A mmutilitarianist world map

If you make the area of each nation proportional to its share of world GDP, this is what you get:

This is a pretty realistic picture of how markets view the world. Markets are mmutilitarian and care about maximizing the sum of market dollars. They care less about the entire continent of Africa than they care about single states in the USA. This is why markets devote many times more resources to developing medicines for the pets of people in the fat countries than for the tropical infectious diseases that kill the most people.

Here is another example from cost estimating website HowMuch.net that squishes GDP areas into geometric shapes that make it easier to compare sizes.

Look how much things changed since 1980:

Usually we care more about people than about dollars or areas of land and this map shows where most people live:

The map is created by covering the world in a grid and then adjusting the size of each area to represent the population.  In areas where the population density is low, the grid-lines get all compressed together into thick black lines that represent a lot of land without many people. The color spectrum represents altitude. Notice how much of the population of the tropics lives at very high elevations, particularly in Mexico, West Africa, South America, and Central America.
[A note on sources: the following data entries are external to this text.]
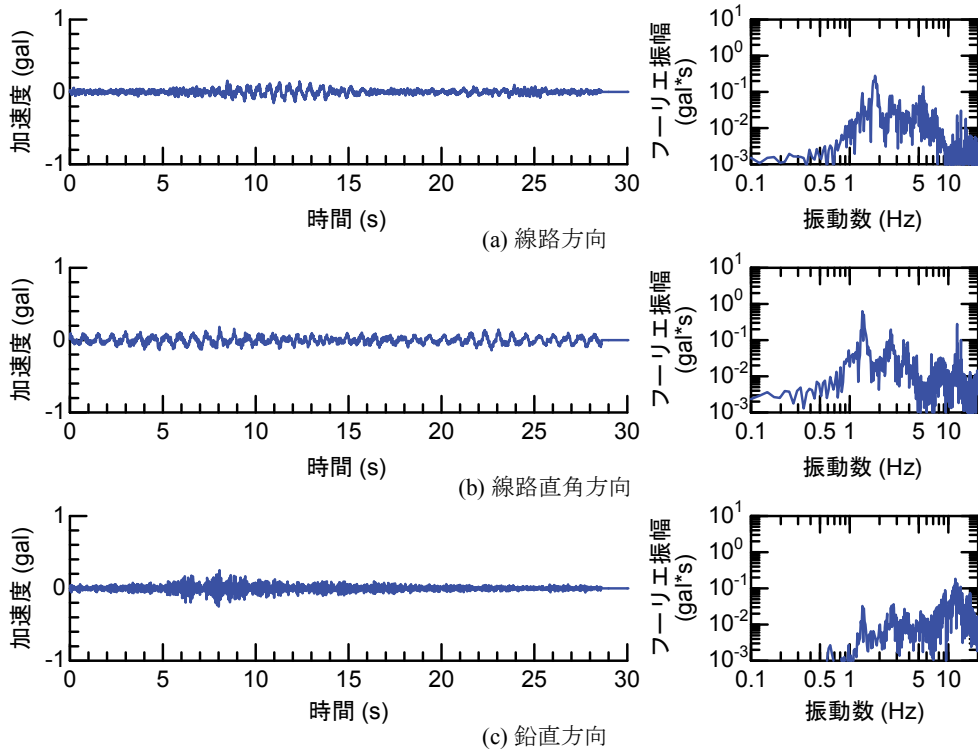

付図4-126 地震観測記録（地震No. 26, R4S-2観測点）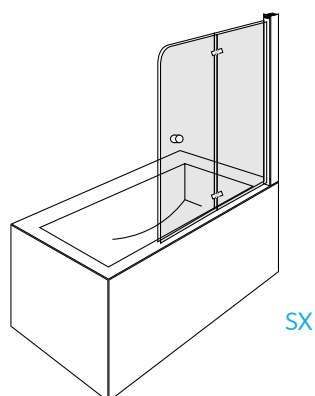

vetro 8mm +15% su prezzo cromo

profilo nero +20% su prezzo cromo

apertura

/DELUXE/

parete per vasca da bagno
con apertura di 90°
sia all'interno che all'esterno

altezza 140

crystallo temperato 6mm

apertura con sollevamento porta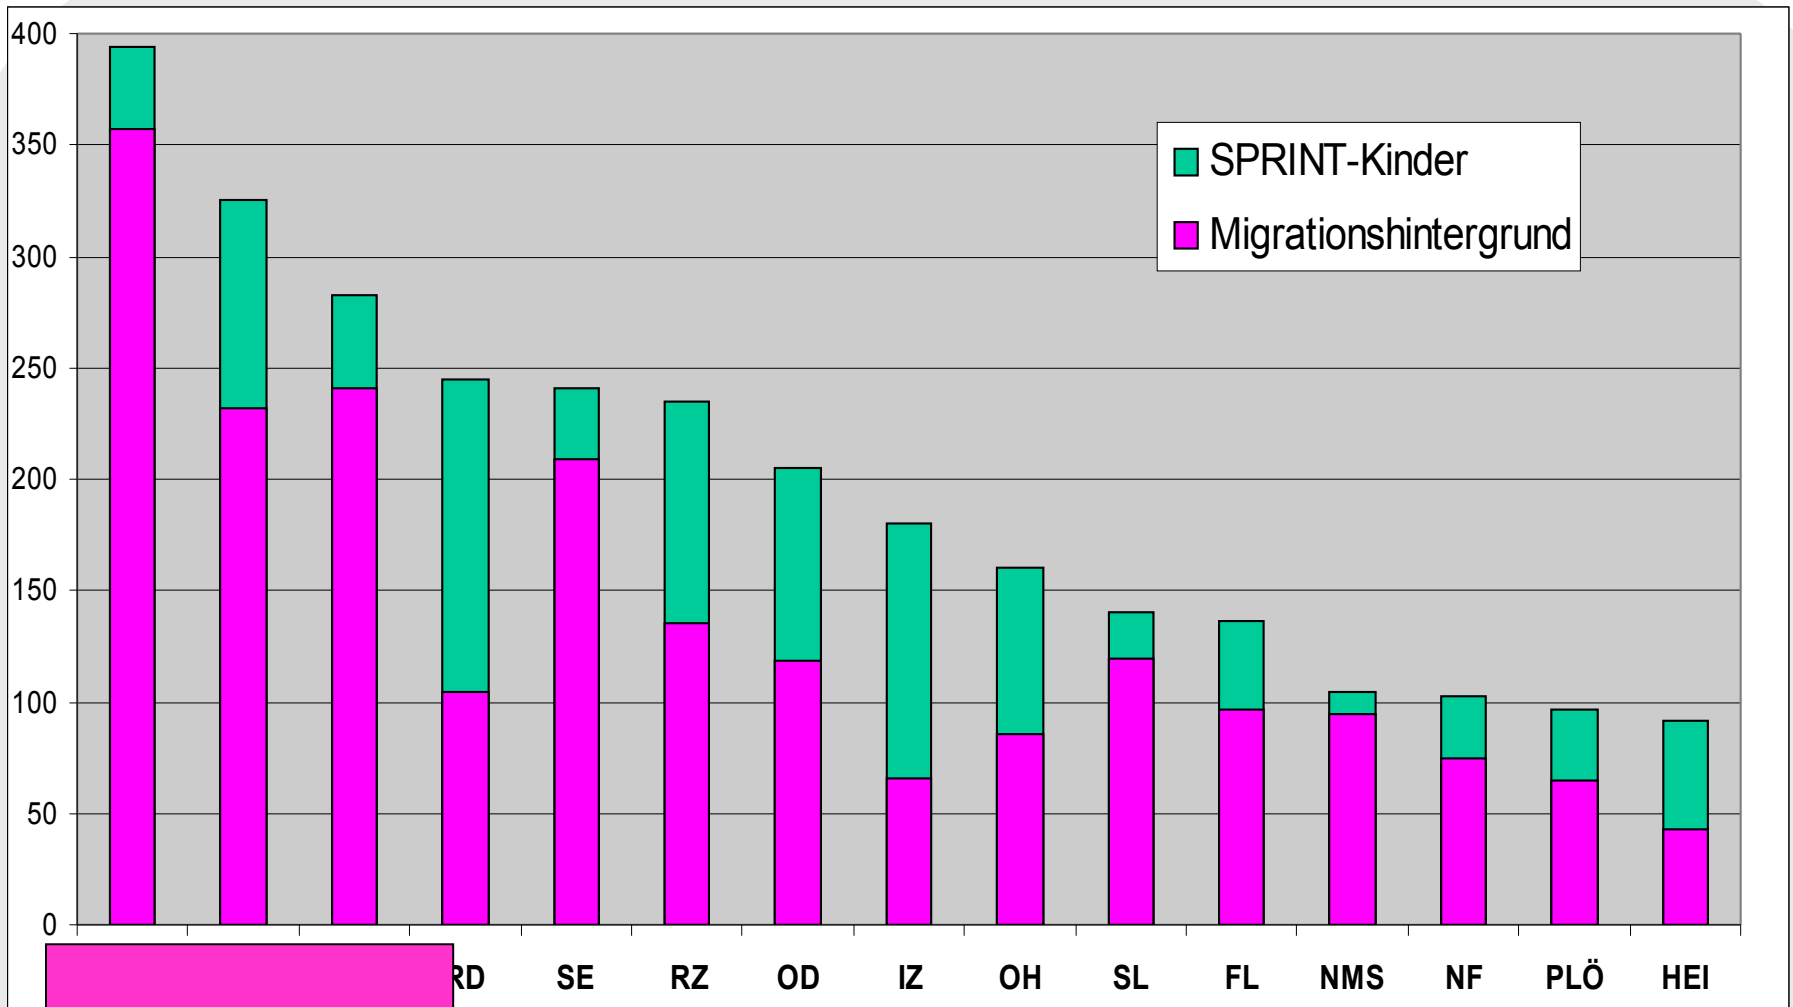

Ohne Bildungs- Visum zum Abitur ?

Kiel, 28.10.2011

Menschen mit Migrationshintergrund in Schleswig-Holstein

Alter von... bis unter ... Jahren	insgesamt	Migrationshintergrund	Migrationshintergrund %
unter 3	65	16	24,7
3 - 6	74	18	24,1
6 - unter 18	361	67	18,6
18 - unter 25	221	37	16,9
25 - unter 65	1.534	192	12,5
65 und mehr	582	32	5,5
Insgesamt	2.837	363	12,8

Seiteneinsteiger ins Bildungssystem

Seiteneinsteiger ins Bildungssystem

Asylbewerber/innen in Schleswig-Holstein 1987 -2006

Vollständige Bildungsbeteiligung

SPRINT

SPRINT-Kinder gesamt (mit/ohne Migrationshintergrund) = 2939

Integrationsstufe

Volle Teilnahme am Unterricht im Klassenverband

Stützkurs

Aufbaustufe

Aufbaukurs
(2 Stunden täglich)

Unterricht im Klassenverband
aller Bildungsgänge
4 – 5 Unterrichtsstunden

Basisstufe

Sprachprüfung DaZ (B 1) und Schullaufbahnberatung

Vollzeit-Basiskurs mit ca. 25 Wochenstunden
(1 – 2 Schulhalbjahre)

Sprachstandserfassung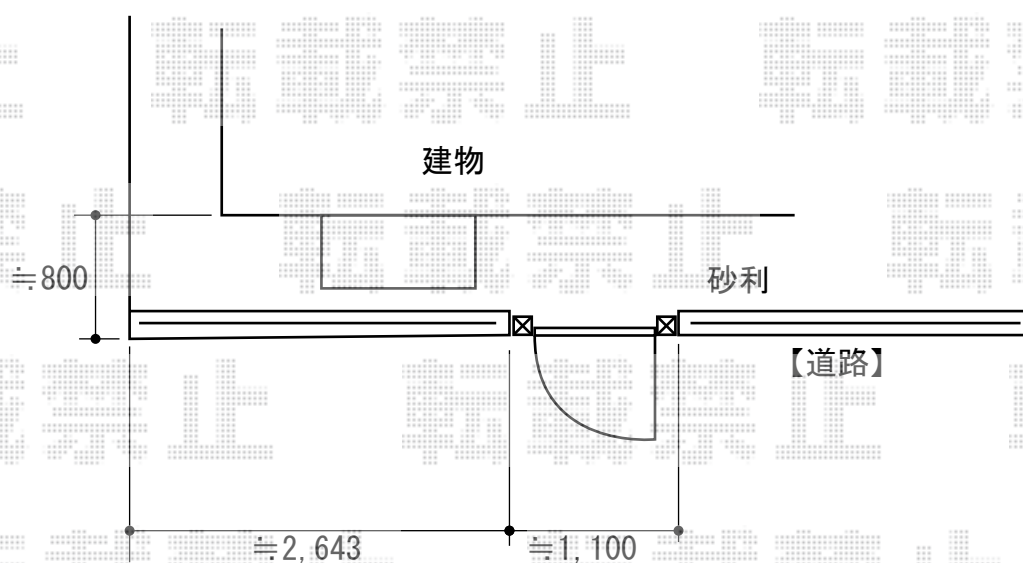

門扉・フェンス

TOEX シャレオR1型門扉 片開き 柱使用
本体1枚 (W×H) = (900×1,000mm)
色：シャイングレー
錠：シリンダーRD錠
開き：外開き

トステム プリレオR9型フェンス フリーポールタイプ
柱：T-6×1本
部品セットA：1セット
端部キャップA：1セット
色：シャイングレー

現場状況や作図制限により概略図の内容と多少の違いが生じることがございます。
施工時は、現場優先とさせていただきますので、お立会い頂き、
最終のご指示のほど、何卒、宜しくお願い致します。

Much of the rest is on islands in the Caribbean and in Southeast Asia. This is because elevation and sea breezes help cool the climate in tropical areas. Most of the rest of the tropical population is in India and China which is due to the productivity of rice cultivation in lowland regions.  Population growth in lowland West Africa developed in recent centuries and I believe that it too may be due to the development of rice cultivation.

Posted in Medianism, MELI & Econ Stats
One comment on “A mmutilitarianist world map
  1. […] This map could still use work to make it more useful. For example, compare its representation of the US population distribution to the more accurate map above of just the US population that Worldmapper produced. Alaska hardly has any people in it, but it is ridiculously inflated in this Worldmapper map of the world, and the eastern US should be a lot bigger than the Great Plains and intermountain west.  Benjamin Hennig has also created another version that more accurately shows population distribution within nations too.  The one below shows how rivers run through the peoples of the world, and I also posted an even more beautiful version showing elevations on another post. […]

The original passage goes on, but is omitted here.